# AIM OF THE TASK
Would you reproduce exactly the lines below from the one holding "IMPACTING THE WORLD" through the one holding "Acres from IR and GPS", inclusive, and no others?

# TASK INPUTS
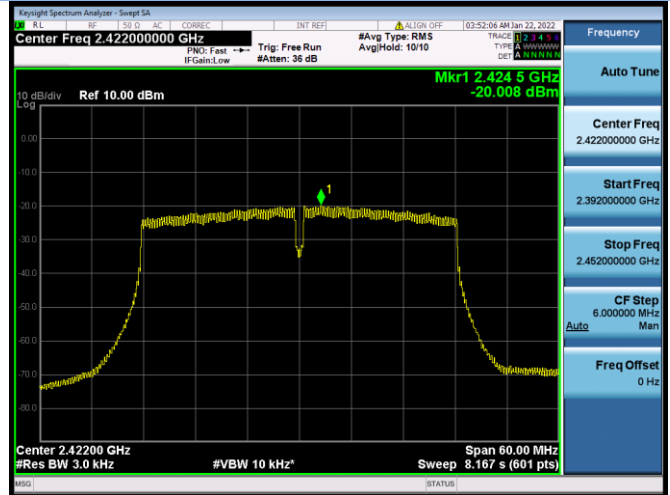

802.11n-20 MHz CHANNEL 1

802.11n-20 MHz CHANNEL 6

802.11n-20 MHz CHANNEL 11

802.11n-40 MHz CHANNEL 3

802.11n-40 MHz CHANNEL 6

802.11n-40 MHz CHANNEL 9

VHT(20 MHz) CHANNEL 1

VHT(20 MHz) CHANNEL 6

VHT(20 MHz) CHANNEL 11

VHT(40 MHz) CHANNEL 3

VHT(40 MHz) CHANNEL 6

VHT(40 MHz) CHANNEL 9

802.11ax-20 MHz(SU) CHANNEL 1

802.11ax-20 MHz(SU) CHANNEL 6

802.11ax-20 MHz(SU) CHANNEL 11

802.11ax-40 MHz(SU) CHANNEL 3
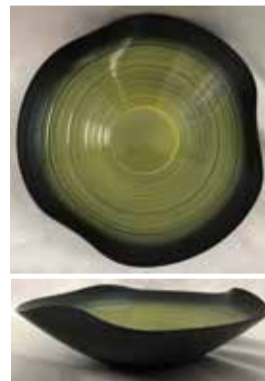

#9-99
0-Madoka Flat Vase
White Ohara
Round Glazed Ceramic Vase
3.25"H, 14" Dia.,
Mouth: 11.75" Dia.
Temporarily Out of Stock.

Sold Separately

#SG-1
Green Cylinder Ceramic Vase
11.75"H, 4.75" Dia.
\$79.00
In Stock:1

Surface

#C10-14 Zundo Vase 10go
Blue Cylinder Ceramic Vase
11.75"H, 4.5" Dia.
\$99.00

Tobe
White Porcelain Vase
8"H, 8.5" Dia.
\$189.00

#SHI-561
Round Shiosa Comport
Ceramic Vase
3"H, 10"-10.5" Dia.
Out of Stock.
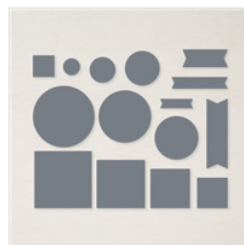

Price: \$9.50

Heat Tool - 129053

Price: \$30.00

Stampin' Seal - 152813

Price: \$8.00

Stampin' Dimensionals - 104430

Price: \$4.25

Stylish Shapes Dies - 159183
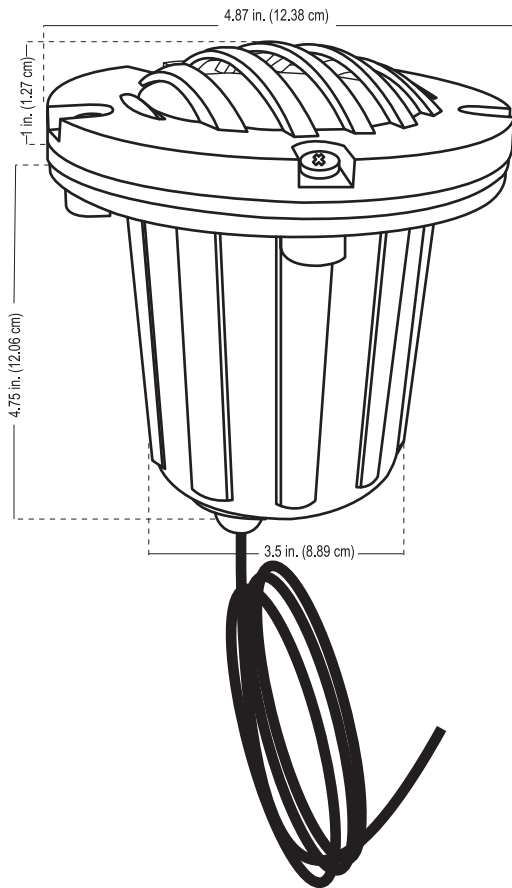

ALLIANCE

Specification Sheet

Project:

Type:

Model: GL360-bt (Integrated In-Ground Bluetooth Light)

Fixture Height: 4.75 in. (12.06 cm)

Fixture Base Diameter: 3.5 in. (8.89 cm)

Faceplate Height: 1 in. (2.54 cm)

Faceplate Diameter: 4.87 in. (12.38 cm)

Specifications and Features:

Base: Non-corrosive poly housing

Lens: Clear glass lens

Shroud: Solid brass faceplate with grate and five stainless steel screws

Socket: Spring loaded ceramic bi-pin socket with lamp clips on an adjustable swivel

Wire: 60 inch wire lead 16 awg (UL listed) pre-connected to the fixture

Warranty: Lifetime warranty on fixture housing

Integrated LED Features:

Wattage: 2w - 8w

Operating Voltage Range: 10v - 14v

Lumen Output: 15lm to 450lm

* * *

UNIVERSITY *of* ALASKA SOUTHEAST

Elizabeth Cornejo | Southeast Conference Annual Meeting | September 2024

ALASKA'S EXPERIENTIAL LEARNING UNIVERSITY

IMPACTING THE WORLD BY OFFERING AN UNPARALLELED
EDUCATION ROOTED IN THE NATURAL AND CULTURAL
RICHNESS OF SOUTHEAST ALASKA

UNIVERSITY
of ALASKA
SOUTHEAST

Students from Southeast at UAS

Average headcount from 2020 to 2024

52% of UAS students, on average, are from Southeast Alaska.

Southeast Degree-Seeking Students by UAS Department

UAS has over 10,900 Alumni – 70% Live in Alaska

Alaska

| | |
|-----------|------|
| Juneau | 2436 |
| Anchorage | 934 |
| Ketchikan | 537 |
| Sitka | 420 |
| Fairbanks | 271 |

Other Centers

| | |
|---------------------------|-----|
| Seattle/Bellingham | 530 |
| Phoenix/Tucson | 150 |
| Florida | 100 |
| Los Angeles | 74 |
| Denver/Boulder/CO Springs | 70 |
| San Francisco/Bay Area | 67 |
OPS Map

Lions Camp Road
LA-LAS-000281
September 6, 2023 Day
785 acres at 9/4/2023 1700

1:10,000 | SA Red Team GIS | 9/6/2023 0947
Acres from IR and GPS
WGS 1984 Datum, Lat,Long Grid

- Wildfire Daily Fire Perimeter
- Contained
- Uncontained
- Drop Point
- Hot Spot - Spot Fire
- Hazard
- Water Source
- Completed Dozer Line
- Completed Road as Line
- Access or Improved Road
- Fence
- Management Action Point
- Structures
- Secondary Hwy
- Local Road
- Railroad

# WRITTEN ANSWER
IMPACTING THE WORLD BY OFFERING AN UNPARALLELED
EDUCATION ROOTED IN THE NATURAL AND CULTURAL
RICHNESS OF SOUTHEAST ALASKA

UNIVERSITY
of ALASKA
SOUTHEAST

Students from Southeast at UAS

Average headcount from 2020 to 2024

52% of UAS students, on average, are from Southeast Alaska.

Southeast Degree-Seeking Students by UAS Department

UAS has over 10,900 Alumni – 70% Live in Alaska

Alaska

| | |
|-----------|------|
| Juneau | 2436 |
| Anchorage | 934 |
| Ketchikan | 537 |
| Sitka | 420 |
| Fairbanks | 271 |

Other Centers

| | |
|---------------------------|-----|
| Seattle/Bellingham | 530 |
| Phoenix/Tucson | 150 |
| Florida | 100 |
| Los Angeles | 74 |
| Denver/Boulder/CO Springs | 70 |
| San Francisco/Bay Area | 67 |
OPS Map

Lions Camp Road
LA-LAS-000281
September 6, 2023 Day
785 acres at 9/4/2023 1700

1:10,000 | SA Red Team GIS | 9/6/2023 0947
Acres from IR and GPS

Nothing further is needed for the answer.